TED talks became a bit like the ten biblical plagues crossbred with Genesis 1:28 (be fruitful, and multiply) and a strictly enforced scripted reality TV format: the plentitude of mandatory upbeat ideas worth spreading has even been infecting non-TED talks, some talked about ideas are strictly chemtrails for academics, many the presenters with their trained TED-stage personalities are almost as bad as the cloned startup pitchers churned out by the countless accelerators.
Still, I went to TEDx BerlinSalon on Democracy. And, really, it was worth it. Mostly because of one talk. Lawrence Lessig on HOW DIGITAL DESTROYED DEMOCRACY (not yet posted).
In a nutshell, his reasoning goes like this:
- In the 19th century, elites governed, had (mostly) no idea what their subjects thought, and the people got their information from very fragmented local media.
- In the 20th century, broadcasting mainstreamed cultures and opinions, George Gallup came up with statistically relevant polling methods, and governing included feeling the pulse of what’s happening in the minds of their people.
- In the 21st century, we’re back to media fragmentation – but now combined with hyper-competition and a built-in feedback loop.
In the 19th century, the fragmentation of media was mostly defined by locality. Local competition, of it existed, may have been fierce – but, due to the immense CAPEX and OPEX was quite limited.
In the 21st century, media has morphed into opinion factories with potentially global reach. The limiting resources aren’t capital or allocable spectrum, but our limited attention span. Polarization not only shouts for attention, it does it by playing towards our tribal instincts. Us vs. them is the cheapest way to create a pretend-relationship – but comes at a price: it becomes a problem for democracy.

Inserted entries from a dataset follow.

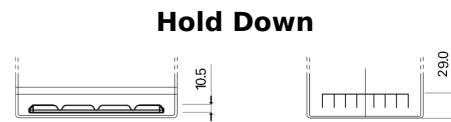

Product overview

Batteries for Cars

Premium EA755

Part number	EA755
Technology	Flooded
EAN/GTIN	3661024034173
Voltage	12 V
Capacity	75.0 Ah
CCA	630 A
Length	270 mm
Width	173 mm
Height	222 mm
Box size	D26
Polarity	ETN 1
Terminal Type	EN taper post
Hold Down	Korean B1+B6
Weights (subject of variation)	17.40 kg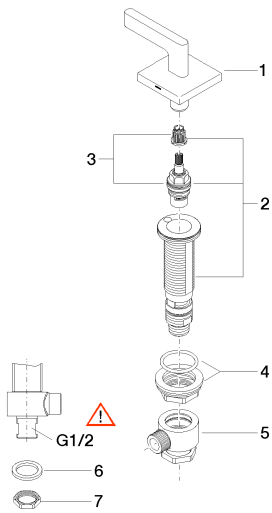

Sink - CL.1

Deck valve clockwise-closing hot - polished chrome

Article number: 20 000 715-00

Spare parts list

Number	Item Number	Designation	Number of units
1	90 20 70 057 00-00	Handle - polished chrome	1
2	04 17 11 045 33 90	Deck valve -	1
3	90 90 03 133 00 90	Ceramic cartridge clockwise-closing -	1
4	04 23 10 032 78 90	Mounting bracket -	1
5	04 17 11 023 10 90	Wall connection -	1
6	09 30 11 059 90	Washer -	1
7	09 23 10 012 90	Mounting bracket -	1

Lessig’s case is quite convincing. By locking tribes into micro-medial echo chambers, our societies loose their connecting tissue. We, the people, make sense about our surroundings, our lifes by story telling. That’s why media matters. Media is about helping us to connect the dots. And, compared to other ways, like a preaching every Sunday in a church, media scales very, very well – making it a core building block of societies comprised of millions and millions of people. But if this building block is converted into trans-local tribalism, the effects are noticeably bad.
In true TED spirit, he had to attach a potential way out of the bleak conundrum we’re finding ourselves in. As there’s no way back to the broadly shared virtual fireplaces of 20th century broadcasting, he’s pointing towards a different democratic approach. His example: how Mongolia’s civil society is integrated into the political decision making process, thereby creating the missing “we” …
… but asking at the same time if a process like this might scale.
Lessig is brilliantly connecting the dots. But do I really subscribe to his diagnosis? Is it really the side-effects of digital, which are destroying democracy? Let’s not forget: the uniting factor of broadcast media is a quite double-sided sword. Nazi-Germany used their central control over broadcasting (and all other media) to destroy democracy quite effectively.
Granted: the ugly underbelly of the Internet is, yes, ugly. The bile of astroturfed tribes is poisoning all political conversations. Volume and frequency of the ugliness are deafening. But the tonality ain’t new.
Look at graffiti in Pompeji:
All the deadbeats and Macerius ask for Vatia as aedile.
Try the Lutheran Insulter, spouting out Martin Luther’s most over the top insults:
Even if the Antichrist appears, what greater evil can he do than what you have done and do daily?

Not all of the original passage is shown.